BEGIN Data records

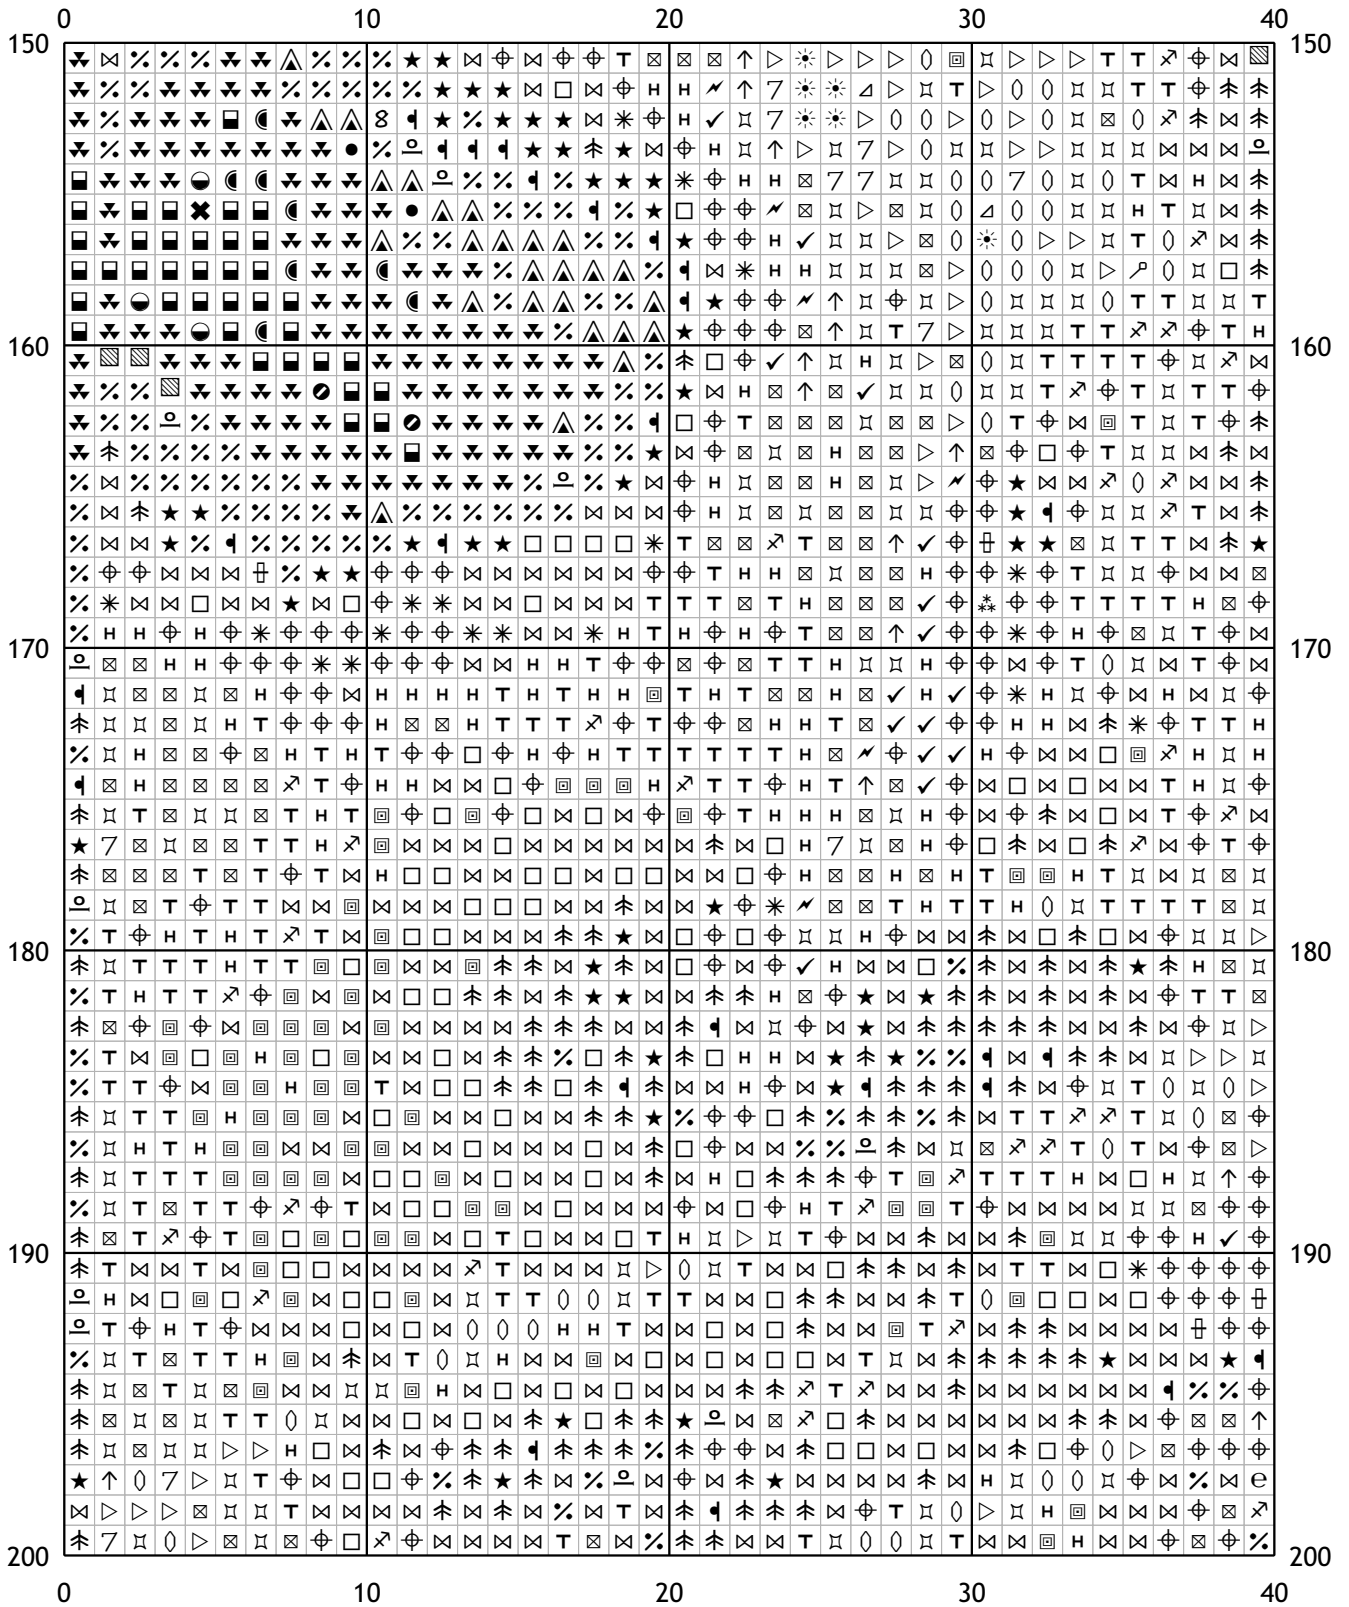

Схема для вышивания крестом

Каталог: igolki.net

Код схемы: ogetidlmth

Название: тигр

Оттенков: 57

Размер: 250x250 стежков.

Разбивка схемы: 7x5 страниц

Версия процессора: 0.2.0

	200	210	220	230	240	
0						
10						
20						
30						
40						
50						
	200	210	220	230	240	

160	170	180	190	200
100	100	100	100	100
110	110	110	110	110
120	120	120	120	120
130	130	130	130	130
140	140	140	140	140
150	150	150	150	150
160	170	180	190	200

200	210	220	230	240
100	110	120	130	140
150	160	170	180	190
200	210	220	230	240

160	170	180	190	200
150	160	170	180	190
160	170	180	190	200
170	180	190	200	150
180	190	200	150	160
190	200	150	160	170
200	150	160	170	180
160	170	180	190	200
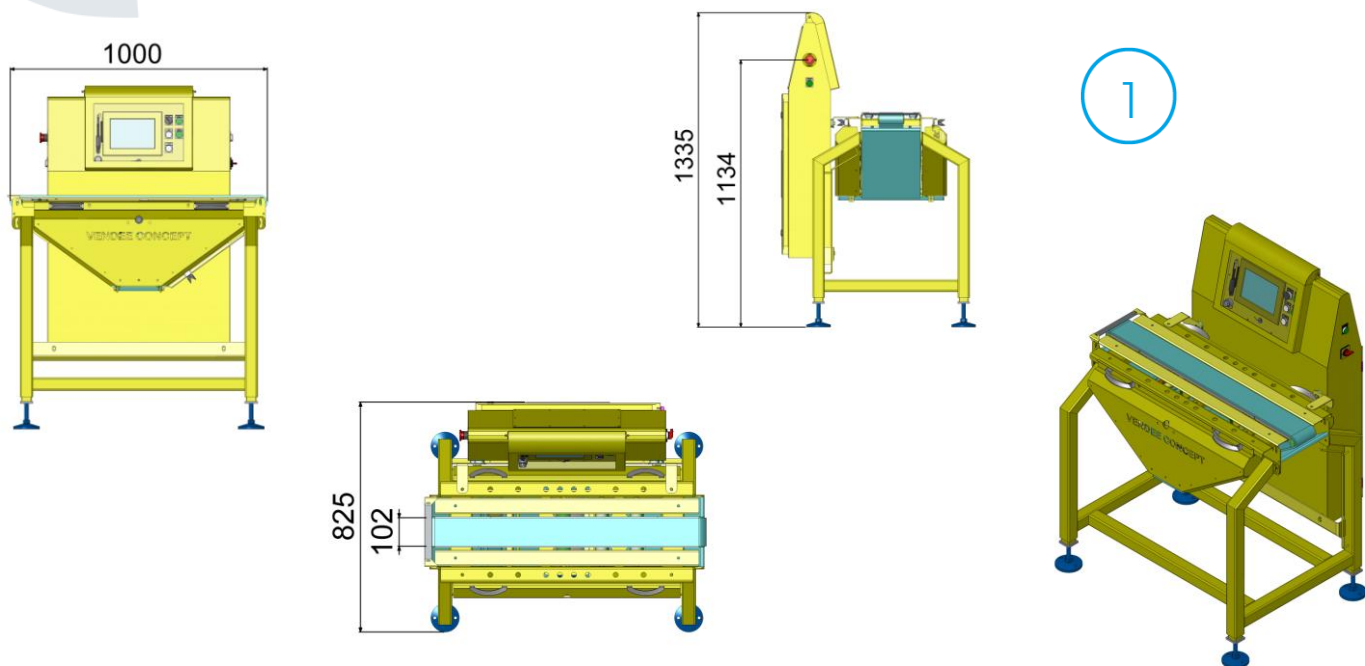

LE CHOIX DE LA PRECISION

**BREVET
DÉPOSÉ**

FILIERES

Volaille

Produits de
la mer

Viande &
produits élaborés

▲ Rapide, fiable et précise

La trieuse QUARTZ Vendée Concept est à même de proposer un **traitement optimal des produits et une haute précision de pesage**. Que ce soit pour des produits emballés ou non, la trieuse pondérale CALIBRA T Quartz saura répondre à vos besoins. Le logiciel intégré est disponible en 5 langues.

Le programme assure une comparaison des produits par rapport au poids cible. De cette manière, les produits non-conformes au poids attendu sont éjectés à l'aide de flipper ou de soufflette.

Nous proposons **différents systèmes d'éjection** pour préserver la **qualité de vos produits, de vos emballages**.

▲ Caractéristiques techniques

PRODUIT MODÈLE

Hauteur de travail	De 900 à 1350mm
Longueur pont de pesée	1000mm
Poids machine	145 kg
Type de bande	Modulaire
Largeur bande	102mm – 203mm
Longueur plateau de pesée	300mm – 600mm
Précision	Version réglementée +/- 0,5 g
Cadence	200 produits/minute
Poids produits	40-2500g
Température	+0°C à 30°C
Guides	50 / 100 / 150 mm
Système informatique	Logiciel CALIBRA T
Récupération des données de production	Clé USB ou mise en réseau
Certification	Conforme à la directive MID (2004/22/CE et 2014/32/UE)

TRIEUSE PONDÉRALE CALIBRA T QUARTZ

1

Trieuse pondérale CALIBRA T QUARTZ

La trieuse est adaptée à la hauteur de travail de vos opérateurs.

▲ Une précision record approuvée

Cette trieuse est unique, son taux de précision l'est également. Il se place bien au-dessus des exigences LNE (Laboratoire National de Métrologie et d'Essais).

END Data records

# Task details:
Restate the records word for word, omitting images.

# Response:
Схема для вышивания крестом

Каталог: igolki.net

Код схемы: ogetidlmth

Название: тигр

Оттенков: 57

Размер: 250x250 стежков.

Разбивка схемы: 7x5 страниц

Версия процессора: 0.2.0

	200	210	220	230	240	
0						
10						
20						
30						
40						
50						
	200	210	220	230	240	

160	170	180	190	200
100	100	100	100	100
110	110	110	110	110
120	120	120	120	120
130	130	130	130	130
140	140	140	140	140
150	150	150	150	150
160	170	180	190	200

200	210	220	230	240
100	110	120	130	140
150	160	170	180	190
200	210	220	230	240

160	170	180	190	200
150	160	170	180	190
160	170	180	190	200
170	180	190	200	150
180	190	200	150	160
190	200	150	160	170
200	150	160	170	180
160	170	180	190	200

LE CHOIX DE LA PRECISION

**BREVET
DÉPOSÉ**

FILIERES

Volaille

Produits de
la mer

Viande &
produits élaborés

▲ Rapide, fiable et précise

La trieuse QUARTZ Vendée Concept est à même de proposer un **traitement optimal des produits et une haute précision de pesage**. Que ce soit pour des produits emballés ou non, la trieuse pondérale CALIBRA T Quartz saura répondre à vos besoins. Le logiciel intégré est disponible en 5 langues.

Le programme assure une comparaison des produits par rapport au poids cible. De cette manière, les produits non-conformes au poids attendu sont éjectés à l'aide de flipper ou de soufflette.

Nous proposons **différents systèmes d'éjection** pour préserver la **qualité de vos produits, de vos emballages**.

▲ Caractéristiques techniques

PRODUIT MODÈLE

Hauteur de travail	De 900 à 1350mm
Longueur pont de pesée	1000mm
Poids machine	145 kg
Type de bande	Modulaire
Largeur bande	102mm – 203mm
Longueur plateau de pesée	300mm – 600mm
Précision	Version réglementée +/- 0,5 g
Cadence	200 produits/minute
Poids produits	40-2500g
Température	+0°C à 30°C
Guides	50 / 100 / 150 mm
Système informatique	Logiciel CALIBRA T
Récupération des données de production	Clé USB ou mise en réseau
Certification	Conforme à la directive MID (2004/22/CE et 2014/32/UE)

TRIEUSE PONDÉRALE CALIBRA T QUARTZ

1

Trieuse pondérale CALIBRA T QUARTZ

La trieuse est adaptée à la hauteur de travail de vos opérateurs.

▲ Une précision record approuvée

Cette trieuse est unique, son taux de précision l'est également. Il se place bien au-dessus des exigences LNE (Laboratoire National de Métrologie et d'Essais).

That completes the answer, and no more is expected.